PROBLEM STATEMENT:
Say how many lines of the entries below include "Фасады", giving nothing but that number.

RECORDS PROVIDED:
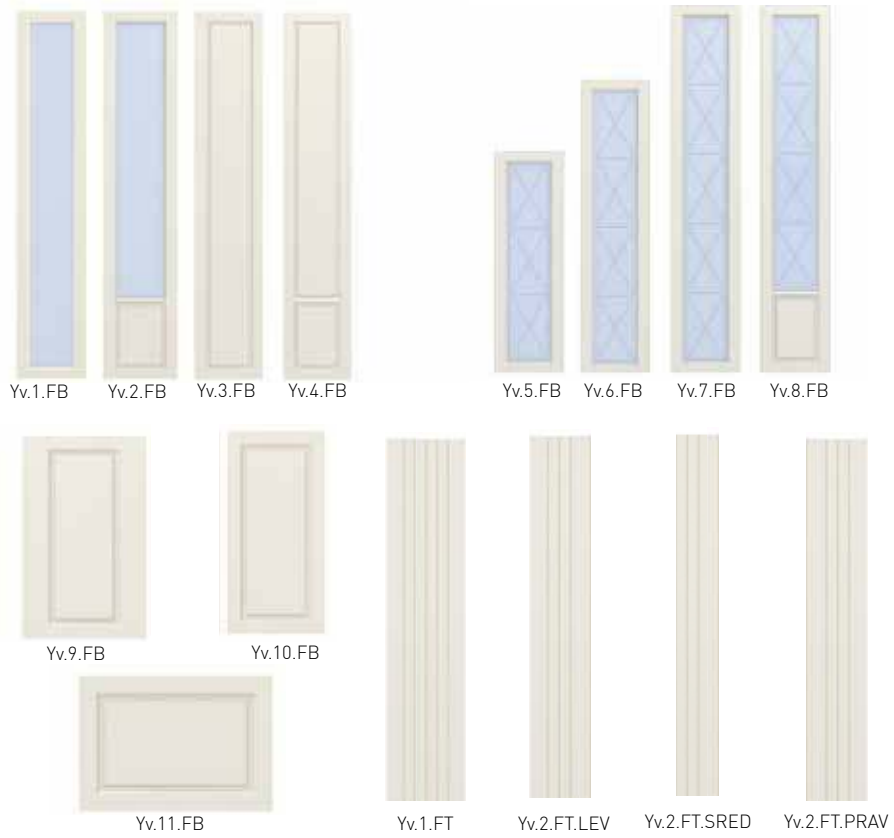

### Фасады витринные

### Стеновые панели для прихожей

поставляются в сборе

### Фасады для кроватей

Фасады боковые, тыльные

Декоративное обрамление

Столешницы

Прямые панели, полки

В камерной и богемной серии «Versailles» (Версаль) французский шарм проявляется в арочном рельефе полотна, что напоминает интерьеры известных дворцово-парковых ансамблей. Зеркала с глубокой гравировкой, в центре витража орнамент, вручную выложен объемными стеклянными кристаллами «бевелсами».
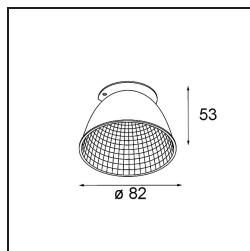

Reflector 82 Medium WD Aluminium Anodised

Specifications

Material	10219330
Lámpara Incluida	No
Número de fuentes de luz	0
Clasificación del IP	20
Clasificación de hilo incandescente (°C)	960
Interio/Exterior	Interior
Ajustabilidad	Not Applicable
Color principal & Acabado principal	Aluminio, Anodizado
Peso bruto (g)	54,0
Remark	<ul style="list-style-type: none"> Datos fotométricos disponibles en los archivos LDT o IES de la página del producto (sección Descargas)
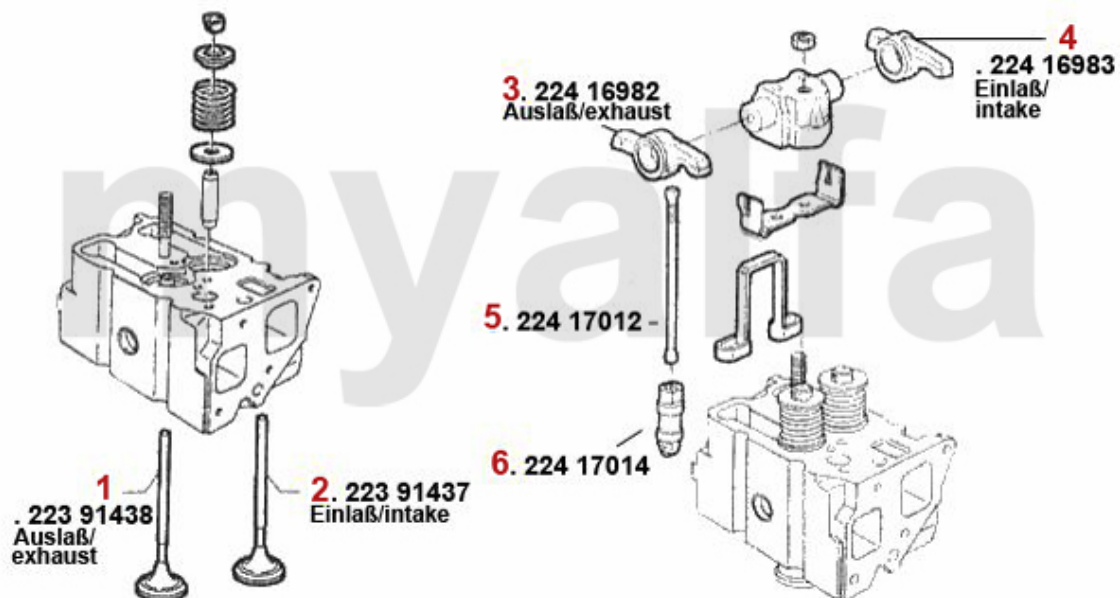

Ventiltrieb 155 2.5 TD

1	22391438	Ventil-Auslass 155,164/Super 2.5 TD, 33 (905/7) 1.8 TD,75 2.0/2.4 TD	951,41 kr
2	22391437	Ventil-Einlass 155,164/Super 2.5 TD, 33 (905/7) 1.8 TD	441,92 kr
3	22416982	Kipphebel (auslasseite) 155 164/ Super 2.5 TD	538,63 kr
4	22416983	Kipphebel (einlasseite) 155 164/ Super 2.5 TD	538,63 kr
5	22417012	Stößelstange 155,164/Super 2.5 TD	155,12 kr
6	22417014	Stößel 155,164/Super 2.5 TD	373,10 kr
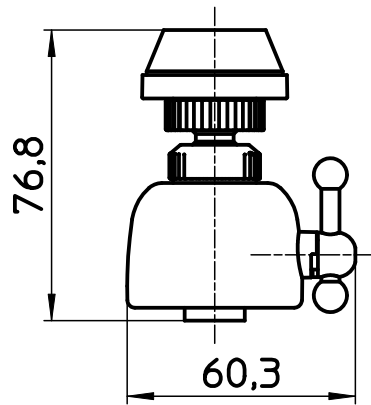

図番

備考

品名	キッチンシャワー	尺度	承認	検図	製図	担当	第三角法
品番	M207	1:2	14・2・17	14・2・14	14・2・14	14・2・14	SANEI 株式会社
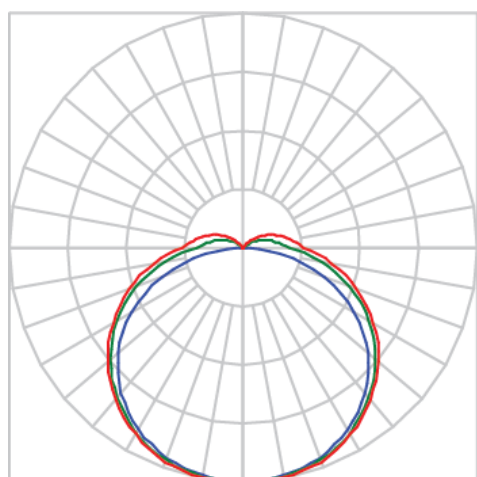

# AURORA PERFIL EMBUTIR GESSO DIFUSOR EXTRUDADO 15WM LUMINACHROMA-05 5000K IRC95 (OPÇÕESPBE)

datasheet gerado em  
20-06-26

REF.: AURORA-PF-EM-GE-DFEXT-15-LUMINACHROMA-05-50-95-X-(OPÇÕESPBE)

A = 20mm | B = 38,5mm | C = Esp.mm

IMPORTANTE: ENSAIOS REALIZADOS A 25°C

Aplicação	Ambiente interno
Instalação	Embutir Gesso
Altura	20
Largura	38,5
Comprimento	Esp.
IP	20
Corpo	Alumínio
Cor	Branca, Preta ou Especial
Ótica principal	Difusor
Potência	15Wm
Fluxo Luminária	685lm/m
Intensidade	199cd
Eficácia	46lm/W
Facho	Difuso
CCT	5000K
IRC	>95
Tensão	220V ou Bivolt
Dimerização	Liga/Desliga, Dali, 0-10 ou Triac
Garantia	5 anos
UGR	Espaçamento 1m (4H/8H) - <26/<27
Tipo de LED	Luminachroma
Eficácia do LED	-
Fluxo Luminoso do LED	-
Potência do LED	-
* * *
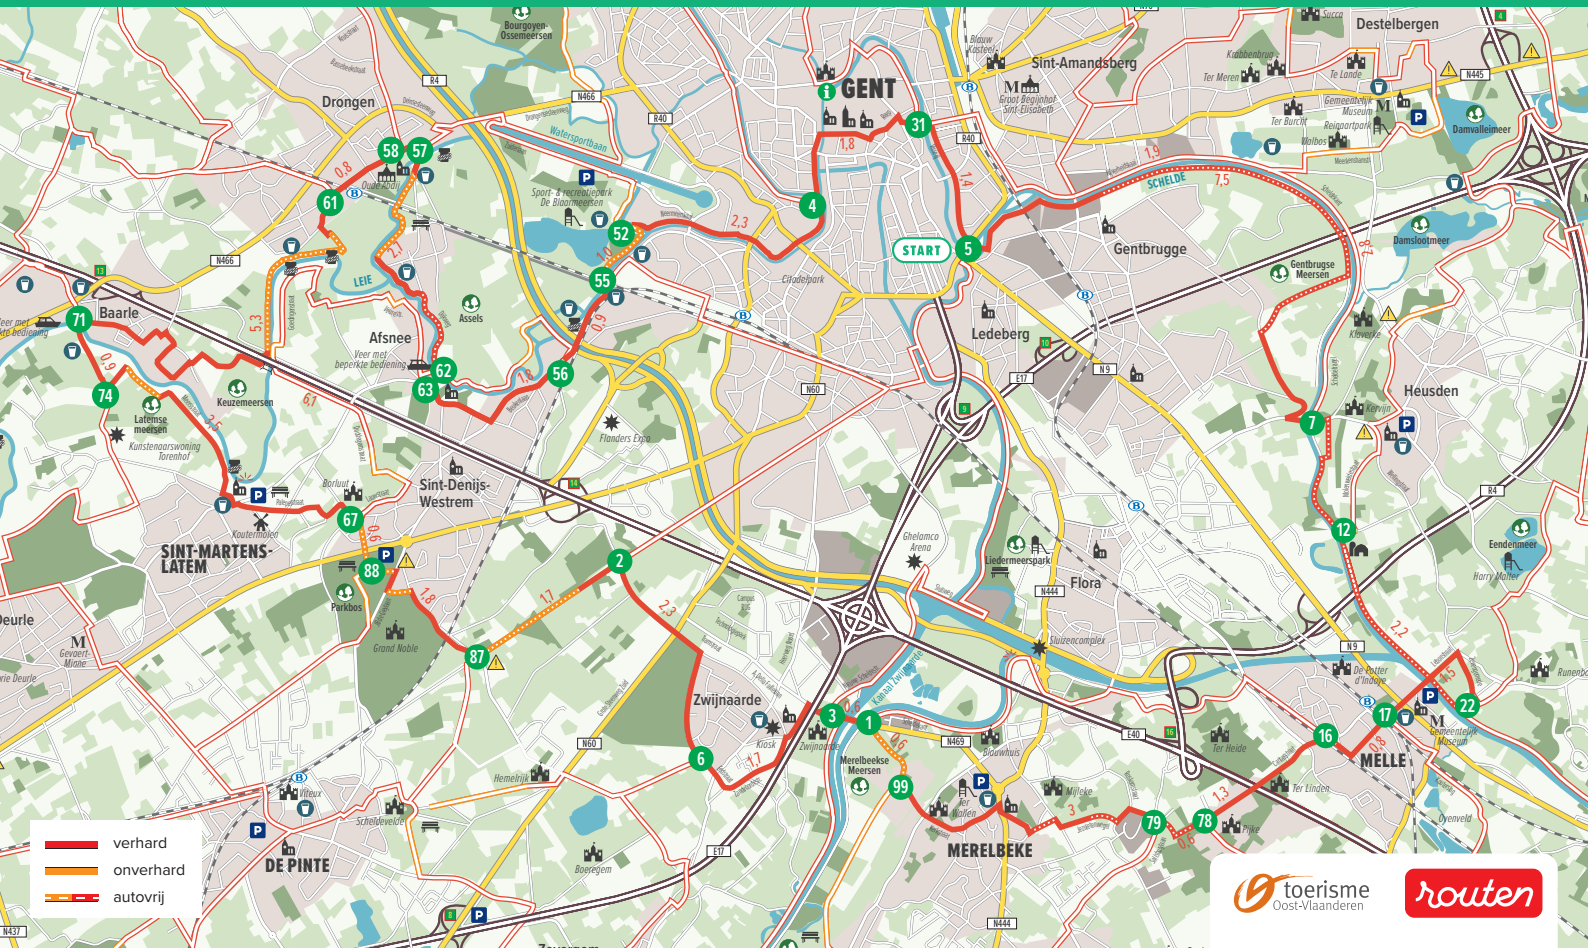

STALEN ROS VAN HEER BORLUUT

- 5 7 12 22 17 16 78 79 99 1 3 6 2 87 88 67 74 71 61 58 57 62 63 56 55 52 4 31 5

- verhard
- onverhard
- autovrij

TASK SOLUTION:
3